When Apparitions Are Seen of Those Who Died Long Ago (Part 4)

Apparitions of the dead seem to occur most commonly close to the death of the person corresponding to the apparition. But it is not all that rare for someone to see an apparition of someone who died long ago. I discussed some cases of this type in three previous posts:

When Apparitions Are Seen of Those Who Died Long Ago (Part 1)

When Apparitions Are Seen of Those Who Died Long Ago (Part 2)

When Apparitions Are Seen of Those Who Died Long Ago (Part 3)

Let us look at some more cases of this type, cases I did not discuss in the previous posts. On page 416 of Volume V of the Journal of the Society for Psychical Research (March 25, 1889), we read this account dated September 15, 1886, from John E. Husbands:

"The facts are simply these. I was sleeping in a hotel in Madeirs in January, 1885. It was a bright moonlight night. The windows were open and the blinds up. I felt some one was in my room. On opening my eyes, I saw a young fellow about 25, dressed in flannels, standing at the side of my bed and pointing with the first finger of his right hand to the place I was lying. I lay for some seconds to convince myself of some one being really there. I then sat up and looked at him. I saw his features so plainly that I recognized them in a photograph which was shown me some days after. I asked him what he wanted ; he did not speak, but his eyes and hand seemed to tell me I was in his place. As he did not answer, I struck out at him with my fist & I sat up, but did not reach him, and was as I going to spring out of bed he slowly vanished through the door, which was shut, keeping his eyes upon me all the time."

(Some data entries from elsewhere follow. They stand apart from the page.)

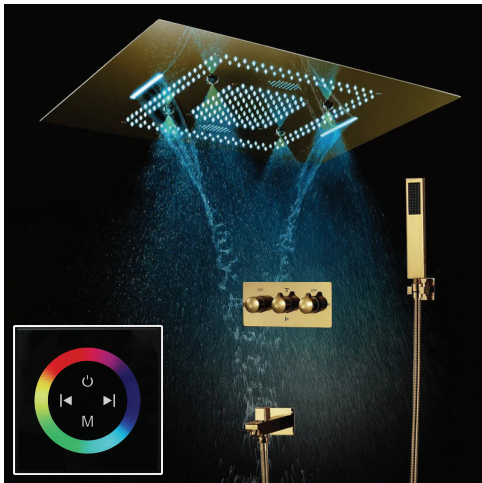

## LED TOUCH PANEL CONTROLLED THERMOSTATIC RECESSED CEILING MOUNT POLISHED GOLD RAINFALL MIST WATERFALL HOT AND COLD SHOWER SYSTEM WITH SQUARE HAND SHOWER SPECIFICATIONS

### Shower Head

Product shown is only for installation display purpose

- Shower Panel /Hose Material: 304 Stainless Steel
- Shower Head Size: 800\*600 mm
- Showerheads Install: Embedded Ceiling Mounted
- Concealed Mixer Install: Wall-Mounted
- LED Shower Head Functions: Rainfall, Waterfall, Mist
- Water Pressure: 0.3 MPA
- Water Flow: 16L/min~28L/min
- Shower Accessories Material: Brass
- LED Light: Need to Connect Power
- Shower Hose Length: 1.5M
- AC: 100-265V 50/60Hz
- Music: Need Bluetooth

### Touch Panel Control

- Turn On/Off Control
- MANUAL MODE**  
Total 64 colors
- Auto mode setting
- AUTO MODE**  
Total 11 Auto mode
- Set the speed of color change, fast/slow

All dimensions and specifications are nominal and may vary. Use actual products for accuracy in critical situations.

In a letter dated October 8th, 1886, K. Falkner stated this:

"The figure that Mr. Husbands saw while in Madeirs was that of a young fellow who died unexpectedly months previously, in the room which Mr. Husbands was occupying. Curiously enough, Mr. H. had never heard of him or his death. He told me the story the morning after he had seen the figure, and I recognized the young fellow from the description."

Falkner showed Husbands a photo of the person who died, and Husbands identified the person as the apparition he had seen, saying, "That is the young fellow who appeared to me the other night."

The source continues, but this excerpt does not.